▶ [WHAT IS BEING ASKED]:
Take the listing below and print exactly the lines starting at the line containing "- MATÉRIAU : Laque ou mélaminé" and ending at the line containing "Dessin technique", both ends included, and no others.

☆ ☆ ☆ ☆ ☆

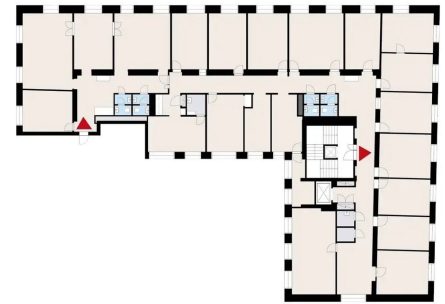

Toimitilaa Sibeliuksenkatu 2, 13100 Hämeenlinna

© copyright Kielo

Vuokrataan

Vuokrataan upeasta arvokiinteistöstä 5. kerroksen toimistotila keskeisellä sijainnilla Hämeenlinnan torin laidalla. Tila on muokattavissa käyttäjän tarpeita vastaavaksi. Toimisto on tarvittaessa jaettavissa pienempiin tiloihin. Kohde sijaitsee hyvien kulkuyhteyksien päässä, linja-autoasemalle kävelee alle viidessä minuutissa, juna-asemalle alle 15 minuutissa. Vuokraan lisätään alv + kulut. Ota yhteyttä ja kysy lisää! w...
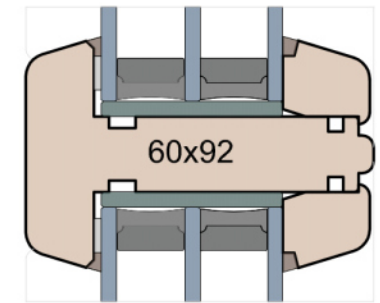

Przewiązka

Skrzydło/FIB

MS Okna i Drzwi

Wymiary [mm]		Oryginał rysunku - rozmiar A4 (210 x 297)			
Skala	1:2	Materiał: Drewno			
Tytuł		A.S.	J.S.	17.10.2020	1
Okna T&T - otwierane do wewnątrz		Rysował	Sprawdzał	Data	Wydanie
Zestawienie profili: SOFT - IV WOOD 92 SS		Rysunek nr			STRONA
		IV_WOOD_92_SS_001			001
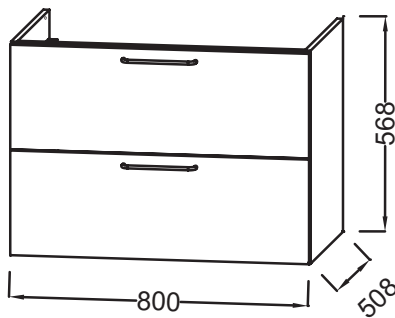

NR4 - Mélaminé
Marbre blanc

Principaux atouts :

Caractéristiques techniques

- DIMENSIONS : 80 x 50,80 x 56,80 cm
- MATÉRIAU : Laque ou mélaminé
- POIDS : 32 kg
- TYPE D'INSTALLATION : Suspendu

Produits requis

- EB2562 : Plan-vasque verre givré, 81 cm
- EXAW112-Z : Plan-vasque céramique, 80 cm, meulé

Dessin technique

Descriptif CCTP : Meuble sous plan-vasque 80 cm, 2 tiroirs. EB2522-RX. Collection : ODÉON RIVE GAUCHE. DIMENSIONS : 80 x 50,80 x 56,80 cm. POIDS : 32 kg. MATÉRIAU : Laque ou mélaminé. TYPE D'INSTALLATION : Suspendu.
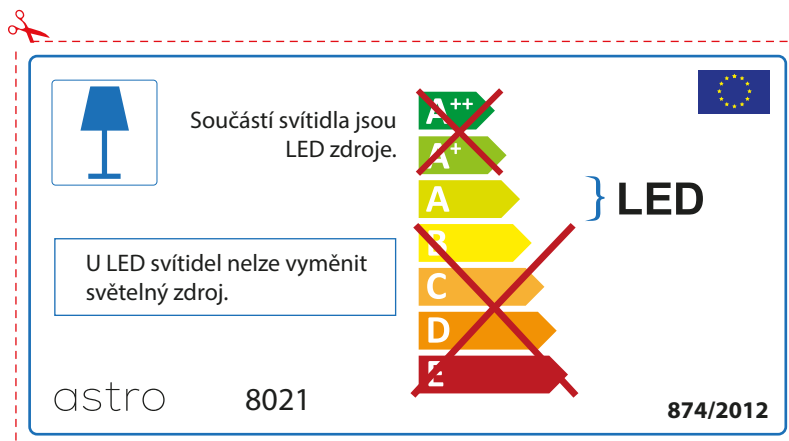

CZECH

Zkontrolujte prosím rozměr světelného zdroje pro svítidlo, protože se liší u různých značek

☆ ☆ ☆ ☆ ☆

▶ [SOLUTION]:
- MATÉRIAU : Laque ou mélaminé
- POIDS : 32 kg
- TYPE D'INSTALLATION : Suspendu

Produits requis

- EB2562 : Plan-vasque verre givré, 81 cm
- EXAW112-Z : Plan-vasque céramique, 80 cm, meulé

Dessin technique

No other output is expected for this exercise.